Luke: We start this month. That's when we'll ascertain a game plan. You know, we'll obviously do 5 or 6 tunes off of the new record and then dig back through the catalogue. I mean, we HAVE to play the hits, come on. People pay money to hear that shit. But we'll try and re-arrange those in a new way. And then we'll come with some cool stuff and try and play what people want to hear, but it's hard to meet everyone's needs. I mean, we have 18 records now, so it's a bit difficult. It will be what works comfortably for us as well!

Like we do every year, we have our Setlist Poll on the website. We close the poll today, and the top three songs -- by a huge margin -- are "Home of the Brave," "I Will Remember," and "Caught In the Balance."

Luke: Really! I guess we should do them then. "Caught in the Balance" -- I'd really love to play that again. I'm really excited to sit down with everybody and figure it out. I'd kind of like to do a short acoustic set again, maybe do some of the old ballad hits, but in a different way so that people can sing along. I don't want to do weird cuts from the records so that everyone can just stare at us while we play.

Since Greg joined the band on the road, he's been using David's rig. This time around, what, if any, changes are being implemented for Greg to have his own signature stuff? Come to think of it, with regards to the entire band, will you be making any changes to your rigs?

David: Yes, definitely, maybe, and I think so!

Mike: I know Greg is having a new rig designed for the tour. The rest of us haven’t made any significant changes that I can think of.

Simon: I am still undecided whether I will make any changes. I usually make my decisions late in the day - rather infuriating to our tour manager!

Luke: Definitely! Greg is redesigning the whole scene. It will definitely be "Greg's Rig" now. As for me, I'm always implementing new stuff -- new guitars with different tunings and stuff. I add new things here and there, but I'm always changing my sound.

Greg: It's still really in process, and that's all I should say.

Great! I know that Peter G (US Touring Crew Stage Manager) was racking his brains out when I saw him last about how he was going to do what you wanted to do, so I have a feeling it's going to be something to see.

Greg: Of course it's going to be cool, because it's going to be mine! I think Peter's still commited to working on it.

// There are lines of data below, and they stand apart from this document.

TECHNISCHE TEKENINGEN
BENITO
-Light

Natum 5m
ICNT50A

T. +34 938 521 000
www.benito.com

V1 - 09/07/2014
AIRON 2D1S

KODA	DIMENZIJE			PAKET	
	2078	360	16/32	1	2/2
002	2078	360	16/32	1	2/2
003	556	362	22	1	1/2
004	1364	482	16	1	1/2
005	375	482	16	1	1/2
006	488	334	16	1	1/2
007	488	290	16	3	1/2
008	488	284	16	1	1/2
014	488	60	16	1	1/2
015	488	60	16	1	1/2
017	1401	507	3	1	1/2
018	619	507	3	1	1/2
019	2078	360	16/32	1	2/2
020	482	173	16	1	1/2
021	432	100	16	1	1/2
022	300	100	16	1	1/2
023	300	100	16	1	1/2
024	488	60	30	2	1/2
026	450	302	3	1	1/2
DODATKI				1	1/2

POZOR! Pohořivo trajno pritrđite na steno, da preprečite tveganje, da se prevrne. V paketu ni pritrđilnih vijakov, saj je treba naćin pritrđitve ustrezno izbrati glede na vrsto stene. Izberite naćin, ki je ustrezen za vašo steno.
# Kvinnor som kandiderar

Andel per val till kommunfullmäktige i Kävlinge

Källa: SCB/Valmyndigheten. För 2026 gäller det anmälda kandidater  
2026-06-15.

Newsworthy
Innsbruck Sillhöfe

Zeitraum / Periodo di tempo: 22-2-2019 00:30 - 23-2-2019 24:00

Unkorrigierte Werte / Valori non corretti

What about a new keyboard tech to replace Steve Lu?

Luke: Yes, we have a really cool cat named Kenny Moran, a singer/songwriter to back Greg up on the tour. A great player!

Several of the songs on this record, including the first single "Bottom of Your Soul," are very reminiscent of the "big" almost over-produced Toto sound of the 80s. How will this affect your approach to the live renditions of these songs?

David: With outstanding musicianship, clever arrangements, and lots of MAKEUP!

Mike: We’ll try to pull these off as best we can. Pay no attention to that man behind the curtain!

Simon: We will try to re-create the sound of the record as faithfully as possible. Jon Ostrin will be our soundman this time around - he has been with band for longer than I have so he knows best how it should sound.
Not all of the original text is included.